Washington, 9 April 1958

465. Secret Priority

Disarmament: Position of China

Your Savingram 69.1

In our discussions with the State Department regarding this problem over recent months we have usually been pressed to say what specific dangers we see arising from the omission of China from a first-stage disarmament agreement. We have attempted to answer informally along the following lines:

  1. If China is allowed to expand her armed forces without restriction she would build up such a predominant strength in Asia that she could over-awe the whole area.
  2. It might be in Soviet interests for China to be excluded from a ‘first-stage’ plan because it would mean that her military strength could continue to expand and thus add to the total Communist strength, while Western armed forces were being held to a fixed level.
  3. If China launched a limited war she could only be stopped with atomic weapons (even if she did not herself use such weapons).

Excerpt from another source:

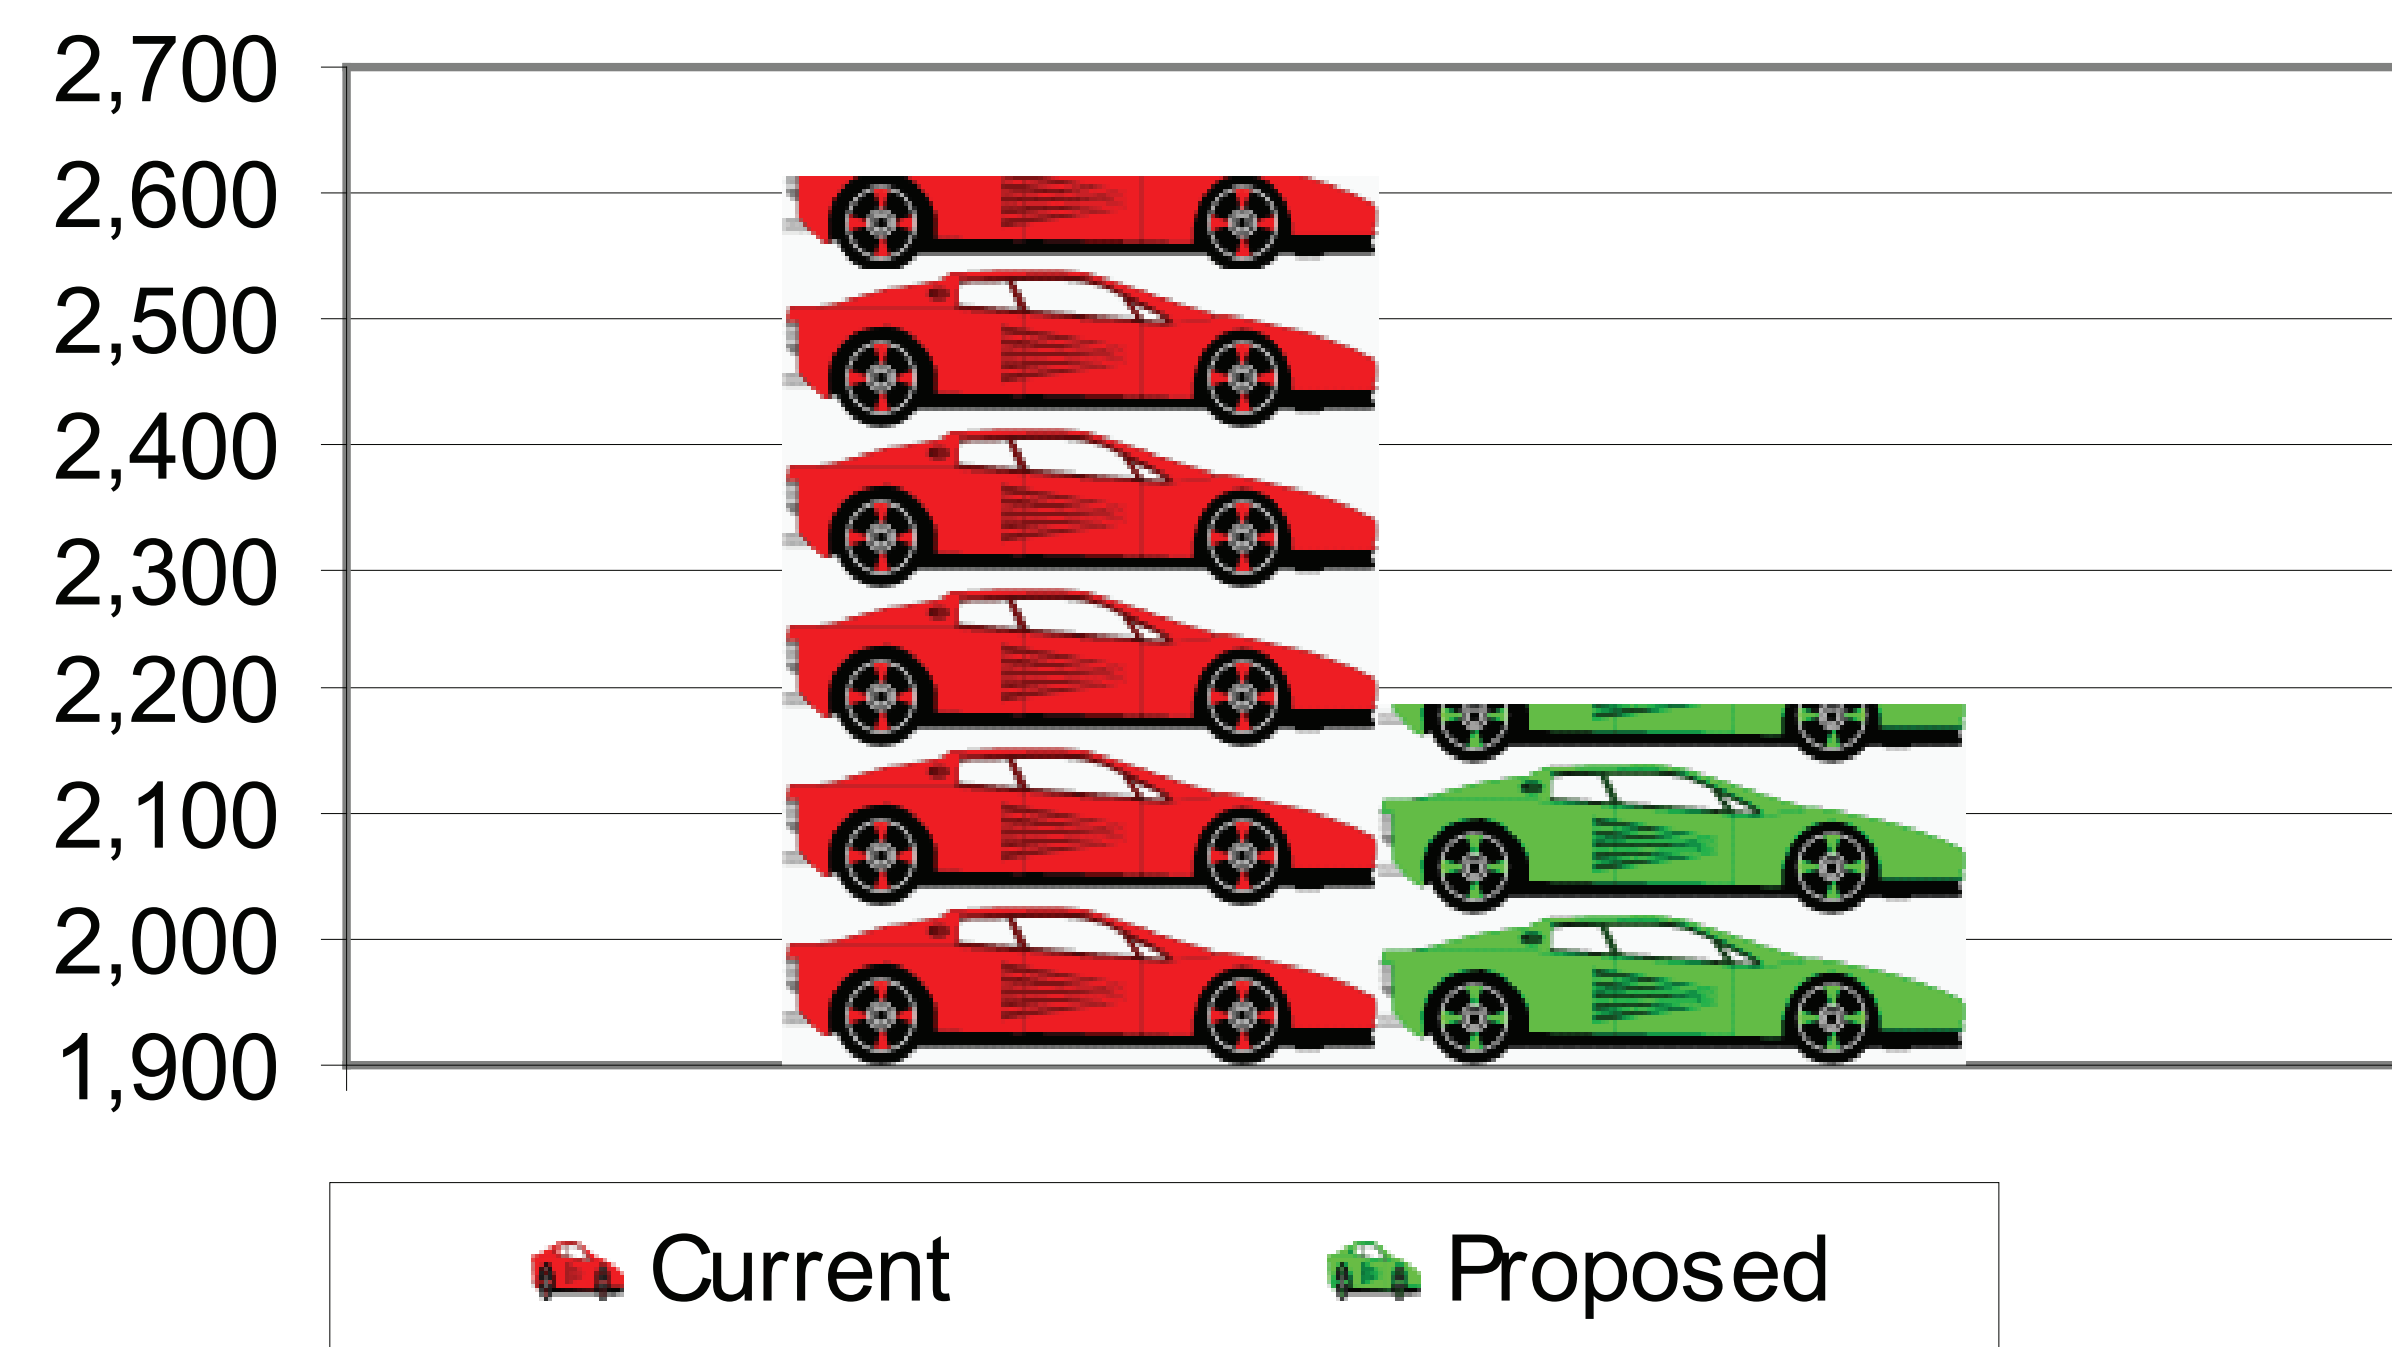

Sunrise Energy Renewal Project Environmental Benefits

Estimated 2,700 metric tonne annual CO₂ emission reduction,
equivalent to removing 425 mid size cars off the road.

Carbon Dioxide Emissions

Equivalent Cars on the Road

Could we be sure that the West would always have sufficient atomic weapons of the right kind to achieve this, if use of fissionable materials for weapons had been banned? (In reply to this the Americans usually insist that the United States would in any circumstances retain sufficient ‘deterrent’ power to restrain China-and would be prepared to use it).
  4. Even if China accepted the ban on the production of nuclear weapons there was no assurance that these weapons would not come into her hands or that she would not herself develop the capacity to make them, for example in the course of building up atomic power industry.